### Exercise brief
Return every line in the entries below where the word "port" shows up.
Raw data START
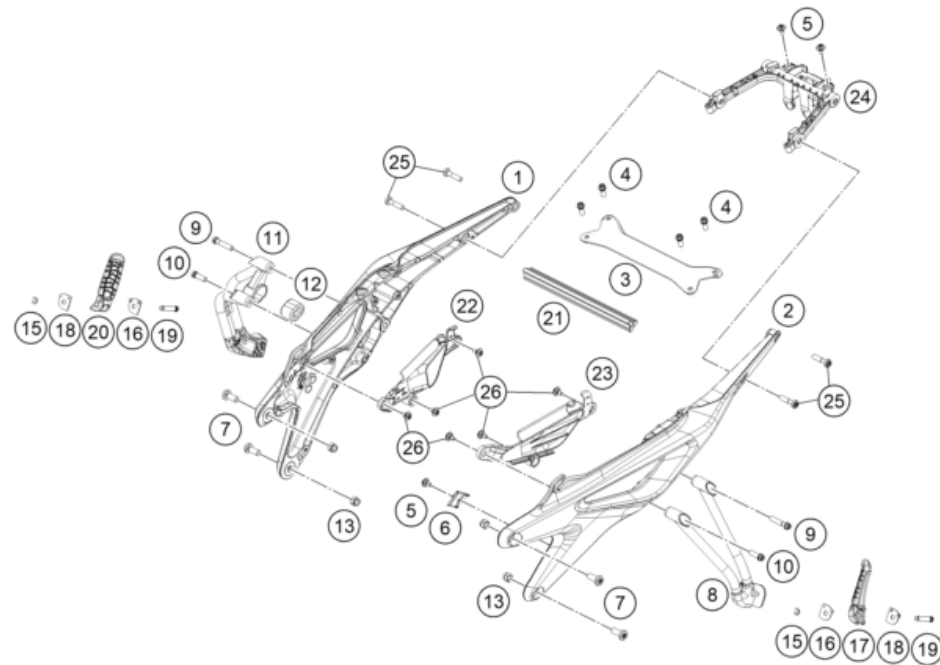

POS	PARTNUMBER		PIECE
1	C9070300200624	Subframe right dark grey metallic	1
2	C9070300200524	Subframe left dark grey metallic	1
3	C90703002004C1	Cross member	1
4	C0000250801800S	HH collar screw M8x18 ISA40 SS	4
5	C90708000012	special screw M6x12x3	3
6	C90703002010	Cable bracket	1
7	C0000351003000S	SHCS M10x30 TX45	4
8	C90703048000C1	Footrest carrier rear/left	1
9	C0000250804500S	HH COLLAR SCREW M8X45 ISA40	2
10	C0000250802500S	HH COLLAR SCREW M8X25 TX40	2
11	C90703049000C1	Footrest carrier rear/right	1
12	C90705068000	DAMPING RUBBER	1
13	54310086100	SELF LOCKING NUT M10 CU WS=14	4
15	0799060003	retaining washer DIN 6799 - 6	2
16	C90703152000	ENGAGE PANEL FOOTREST L/S 03	2
17	C90703050000	FOOTREST CPL. L/S REAR 03	1
18	C90703052000	ENGAGE PANEL FOOTREST R/S 03	2
19	C90703044000	footrest bolt, rear	2
20	C90703051000	FOOTREST CPL. R/S REAR 03	1
21	64103004100	Brace subframe	1
22	C90706041050	Cover intake port right	1
23	C90706040050	Cover intake port left	1
24	C90708019050	rear reinforcement	1
25	C0000350803500S	SCREW M8X35 ISA45 SS	4
26	C90708000015	SPECIAL SCREW M6X15X3	6

206410315

59415

* NEW PART

X ON DEMAND
Raw data END
### Your response
22	C90706041050	Cover intake port right	1
23	C90706040050	Cover intake port left	1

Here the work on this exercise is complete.